> **What is required**
Look for the string "CLAW" in the material below. Copy every line where you find it.

> **Supplied entries**
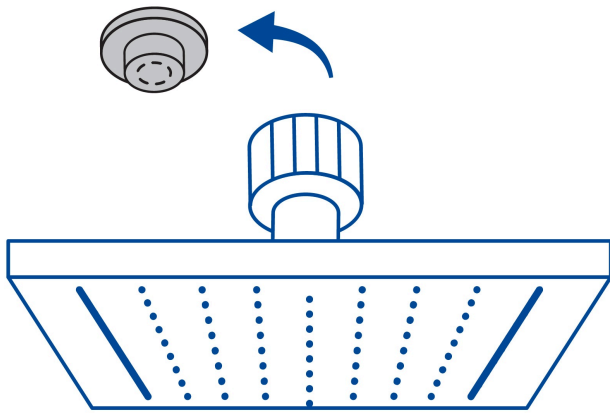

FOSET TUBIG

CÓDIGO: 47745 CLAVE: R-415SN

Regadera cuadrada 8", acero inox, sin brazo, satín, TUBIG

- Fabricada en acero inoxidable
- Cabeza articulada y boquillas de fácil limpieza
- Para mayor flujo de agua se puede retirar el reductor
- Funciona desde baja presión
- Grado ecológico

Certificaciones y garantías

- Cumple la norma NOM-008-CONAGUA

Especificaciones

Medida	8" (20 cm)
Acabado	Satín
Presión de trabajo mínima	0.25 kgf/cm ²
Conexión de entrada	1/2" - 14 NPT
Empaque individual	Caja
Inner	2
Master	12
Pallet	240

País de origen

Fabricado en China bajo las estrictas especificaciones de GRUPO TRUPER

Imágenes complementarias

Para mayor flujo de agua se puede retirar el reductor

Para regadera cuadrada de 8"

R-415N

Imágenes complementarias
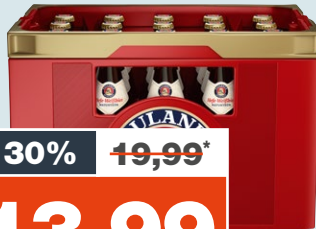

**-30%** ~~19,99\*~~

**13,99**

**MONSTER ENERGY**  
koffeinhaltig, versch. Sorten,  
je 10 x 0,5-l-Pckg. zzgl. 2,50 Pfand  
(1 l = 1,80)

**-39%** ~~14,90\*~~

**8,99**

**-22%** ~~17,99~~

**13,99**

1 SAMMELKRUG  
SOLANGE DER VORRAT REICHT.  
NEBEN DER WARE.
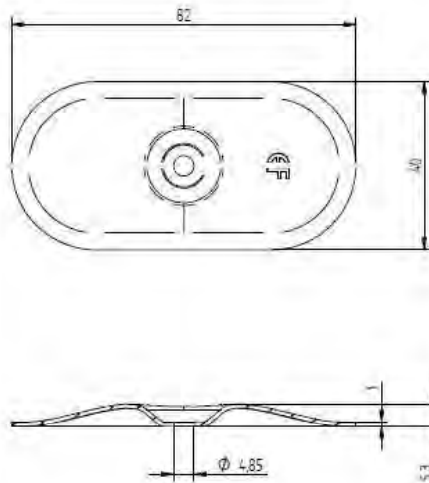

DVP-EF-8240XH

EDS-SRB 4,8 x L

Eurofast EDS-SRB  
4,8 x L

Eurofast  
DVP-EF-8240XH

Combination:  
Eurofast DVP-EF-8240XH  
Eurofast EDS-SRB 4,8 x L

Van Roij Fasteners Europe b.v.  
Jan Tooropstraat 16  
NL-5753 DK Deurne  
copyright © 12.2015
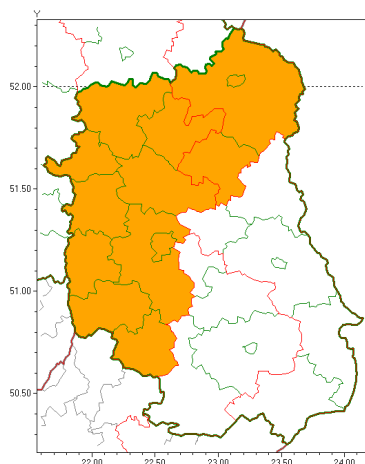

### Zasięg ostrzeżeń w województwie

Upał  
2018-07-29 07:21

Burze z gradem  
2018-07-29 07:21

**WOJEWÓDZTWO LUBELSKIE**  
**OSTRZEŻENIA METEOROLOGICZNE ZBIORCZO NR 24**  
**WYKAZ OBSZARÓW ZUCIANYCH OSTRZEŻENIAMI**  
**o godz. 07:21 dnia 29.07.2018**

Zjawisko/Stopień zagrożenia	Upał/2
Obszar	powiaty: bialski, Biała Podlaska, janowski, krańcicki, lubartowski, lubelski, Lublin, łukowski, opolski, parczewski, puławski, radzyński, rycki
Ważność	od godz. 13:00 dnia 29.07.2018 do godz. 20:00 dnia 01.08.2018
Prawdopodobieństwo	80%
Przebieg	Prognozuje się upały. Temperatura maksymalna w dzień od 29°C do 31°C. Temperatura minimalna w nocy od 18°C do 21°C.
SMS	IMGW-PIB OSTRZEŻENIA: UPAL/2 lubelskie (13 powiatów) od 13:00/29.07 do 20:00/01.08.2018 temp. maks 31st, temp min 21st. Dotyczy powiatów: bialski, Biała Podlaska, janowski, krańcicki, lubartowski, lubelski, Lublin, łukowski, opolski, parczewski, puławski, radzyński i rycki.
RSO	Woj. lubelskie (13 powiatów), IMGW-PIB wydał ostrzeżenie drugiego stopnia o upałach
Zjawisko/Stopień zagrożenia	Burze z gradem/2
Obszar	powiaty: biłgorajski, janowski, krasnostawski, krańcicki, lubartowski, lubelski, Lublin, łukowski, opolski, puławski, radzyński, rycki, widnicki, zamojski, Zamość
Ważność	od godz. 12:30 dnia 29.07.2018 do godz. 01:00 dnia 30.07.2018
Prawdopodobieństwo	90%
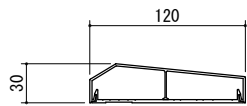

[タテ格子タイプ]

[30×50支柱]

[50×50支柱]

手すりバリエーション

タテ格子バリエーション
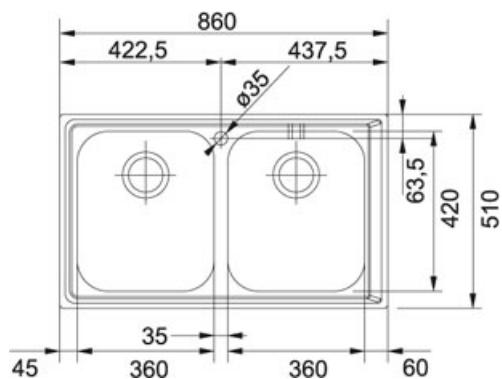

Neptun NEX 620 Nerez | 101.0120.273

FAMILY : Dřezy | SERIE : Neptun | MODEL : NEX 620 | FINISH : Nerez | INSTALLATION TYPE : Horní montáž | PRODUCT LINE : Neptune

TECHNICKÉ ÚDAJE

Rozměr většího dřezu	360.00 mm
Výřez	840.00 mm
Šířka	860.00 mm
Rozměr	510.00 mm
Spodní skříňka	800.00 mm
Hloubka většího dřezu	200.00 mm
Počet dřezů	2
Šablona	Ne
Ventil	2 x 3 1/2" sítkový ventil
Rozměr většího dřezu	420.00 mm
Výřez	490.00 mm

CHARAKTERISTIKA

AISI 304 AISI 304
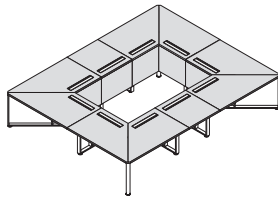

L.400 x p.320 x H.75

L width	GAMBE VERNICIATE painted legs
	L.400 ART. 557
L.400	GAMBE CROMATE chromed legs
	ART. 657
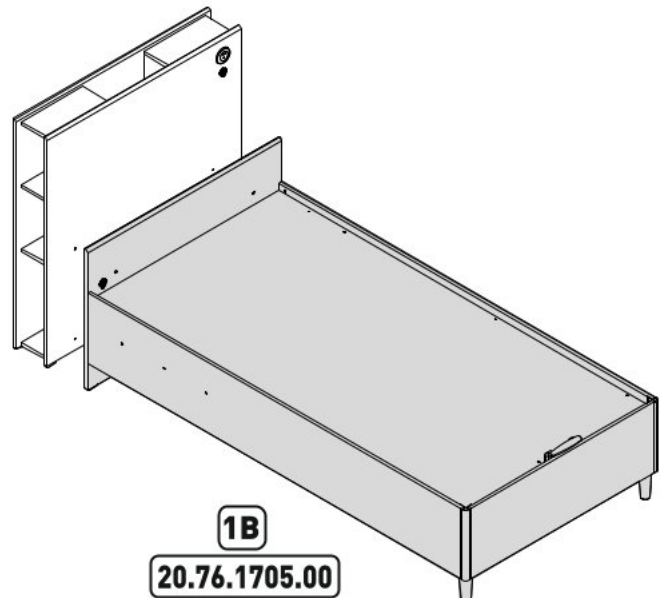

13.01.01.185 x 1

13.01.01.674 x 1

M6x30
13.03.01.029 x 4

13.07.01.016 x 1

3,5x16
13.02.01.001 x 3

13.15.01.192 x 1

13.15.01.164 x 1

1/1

...

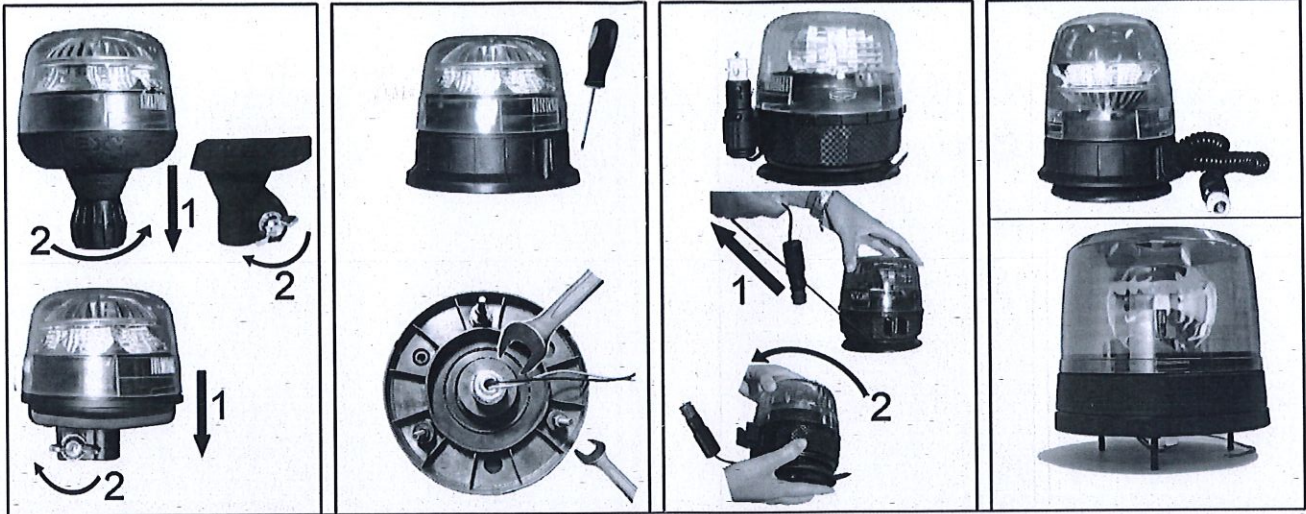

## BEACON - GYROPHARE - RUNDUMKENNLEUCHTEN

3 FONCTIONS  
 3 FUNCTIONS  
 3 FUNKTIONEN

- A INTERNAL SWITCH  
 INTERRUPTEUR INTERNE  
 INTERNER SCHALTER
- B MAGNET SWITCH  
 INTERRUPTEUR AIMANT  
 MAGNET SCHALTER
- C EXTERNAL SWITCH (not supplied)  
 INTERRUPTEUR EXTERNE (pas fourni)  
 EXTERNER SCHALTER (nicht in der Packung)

* * *

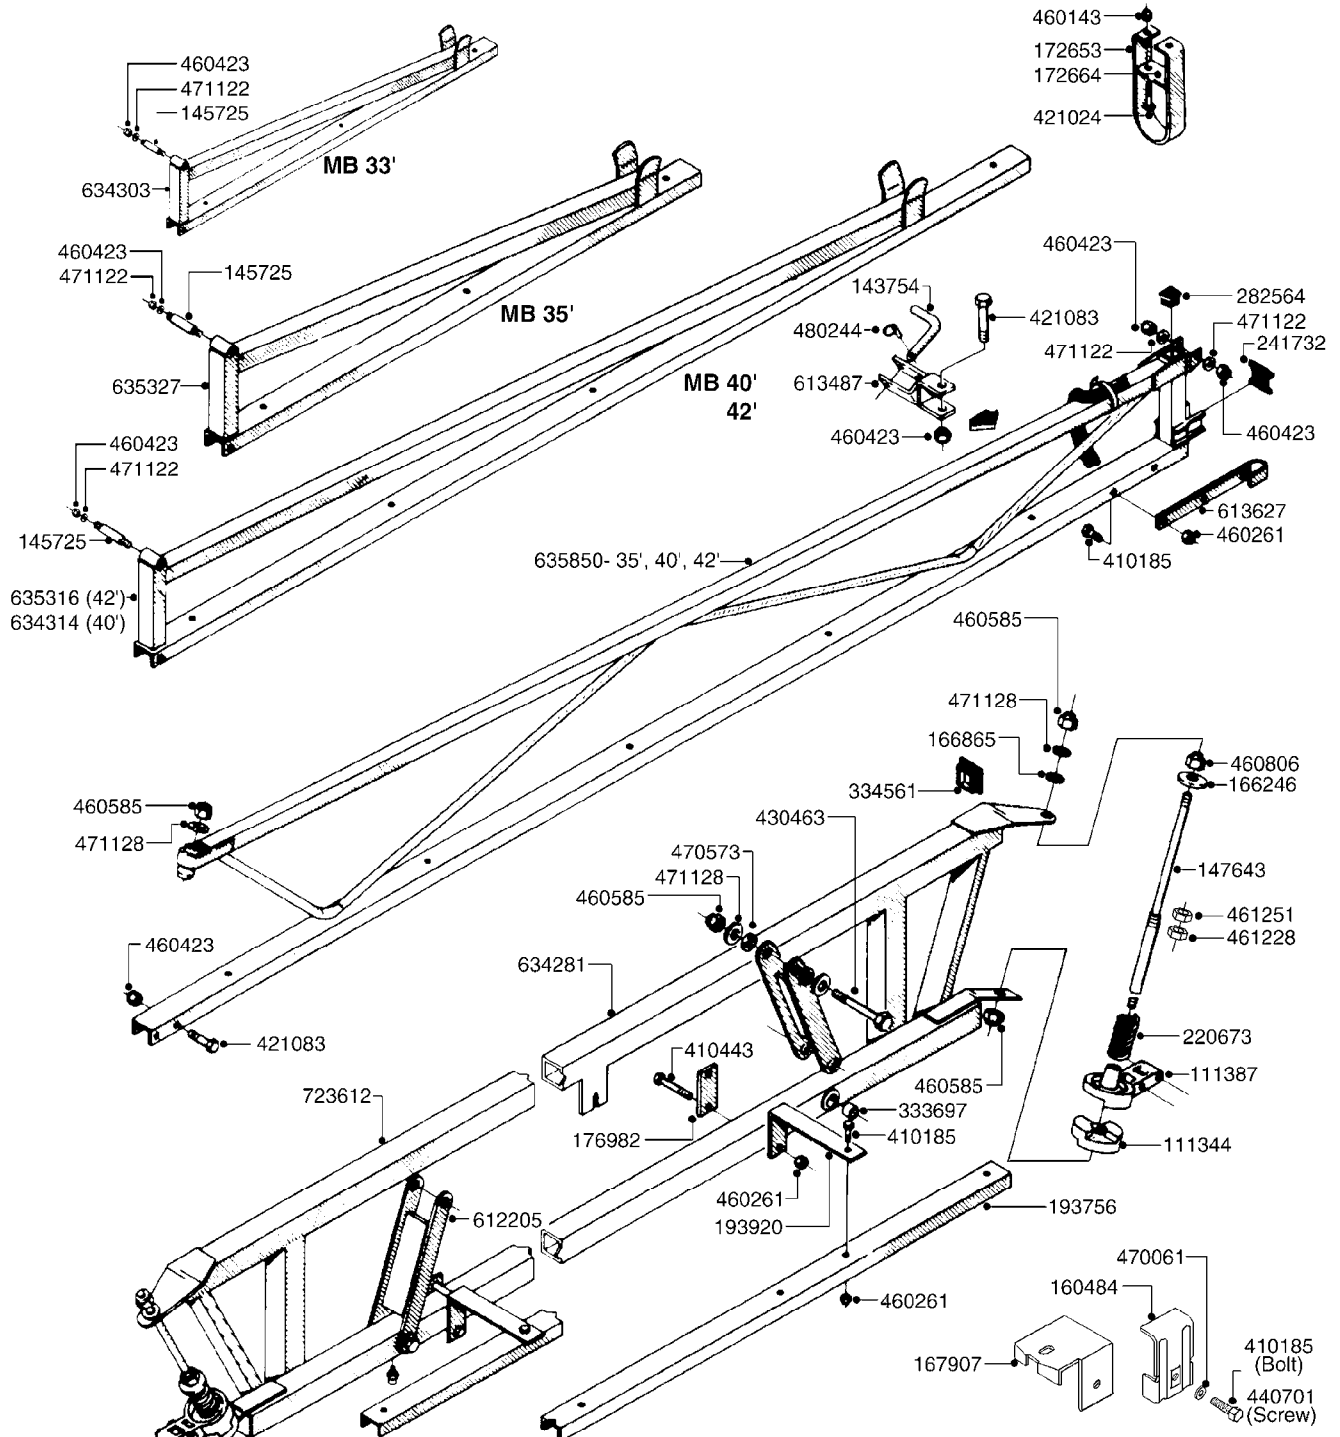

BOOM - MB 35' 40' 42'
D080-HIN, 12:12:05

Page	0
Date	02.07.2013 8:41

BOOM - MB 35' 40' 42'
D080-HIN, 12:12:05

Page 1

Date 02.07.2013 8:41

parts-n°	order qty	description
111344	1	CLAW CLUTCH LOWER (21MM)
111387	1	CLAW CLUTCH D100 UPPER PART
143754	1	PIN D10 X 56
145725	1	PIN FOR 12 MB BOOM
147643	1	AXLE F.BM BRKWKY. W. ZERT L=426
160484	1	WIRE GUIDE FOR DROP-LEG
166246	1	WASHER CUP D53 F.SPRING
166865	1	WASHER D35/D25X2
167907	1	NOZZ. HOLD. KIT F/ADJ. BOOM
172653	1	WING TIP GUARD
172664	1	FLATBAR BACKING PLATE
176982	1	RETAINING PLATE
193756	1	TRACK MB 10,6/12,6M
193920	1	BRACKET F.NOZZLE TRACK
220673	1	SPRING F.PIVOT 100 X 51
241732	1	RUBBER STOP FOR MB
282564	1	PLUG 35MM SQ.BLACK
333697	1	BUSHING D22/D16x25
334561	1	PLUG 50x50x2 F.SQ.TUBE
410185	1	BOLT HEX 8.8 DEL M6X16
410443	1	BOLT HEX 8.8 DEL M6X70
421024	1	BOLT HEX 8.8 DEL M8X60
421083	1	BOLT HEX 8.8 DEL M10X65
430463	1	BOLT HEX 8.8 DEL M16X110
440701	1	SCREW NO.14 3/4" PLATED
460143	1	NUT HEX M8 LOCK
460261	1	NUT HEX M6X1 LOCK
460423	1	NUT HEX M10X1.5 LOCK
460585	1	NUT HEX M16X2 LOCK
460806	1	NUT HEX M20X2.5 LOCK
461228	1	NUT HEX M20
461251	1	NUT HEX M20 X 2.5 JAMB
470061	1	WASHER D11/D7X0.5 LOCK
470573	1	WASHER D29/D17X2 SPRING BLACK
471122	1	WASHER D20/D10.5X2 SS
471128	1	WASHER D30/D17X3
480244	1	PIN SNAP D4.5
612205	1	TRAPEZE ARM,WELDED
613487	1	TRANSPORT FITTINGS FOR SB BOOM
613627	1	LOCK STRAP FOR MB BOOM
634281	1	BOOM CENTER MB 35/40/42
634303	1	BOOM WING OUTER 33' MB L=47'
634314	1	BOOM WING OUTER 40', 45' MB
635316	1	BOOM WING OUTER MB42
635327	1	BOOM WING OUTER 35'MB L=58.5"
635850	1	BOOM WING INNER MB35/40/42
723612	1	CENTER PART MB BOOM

> **Exercise solution**
111344	1	CLAW CLUTCH LOWER (21MM)
111387	1	CLAW CLUTCH D100 UPPER PART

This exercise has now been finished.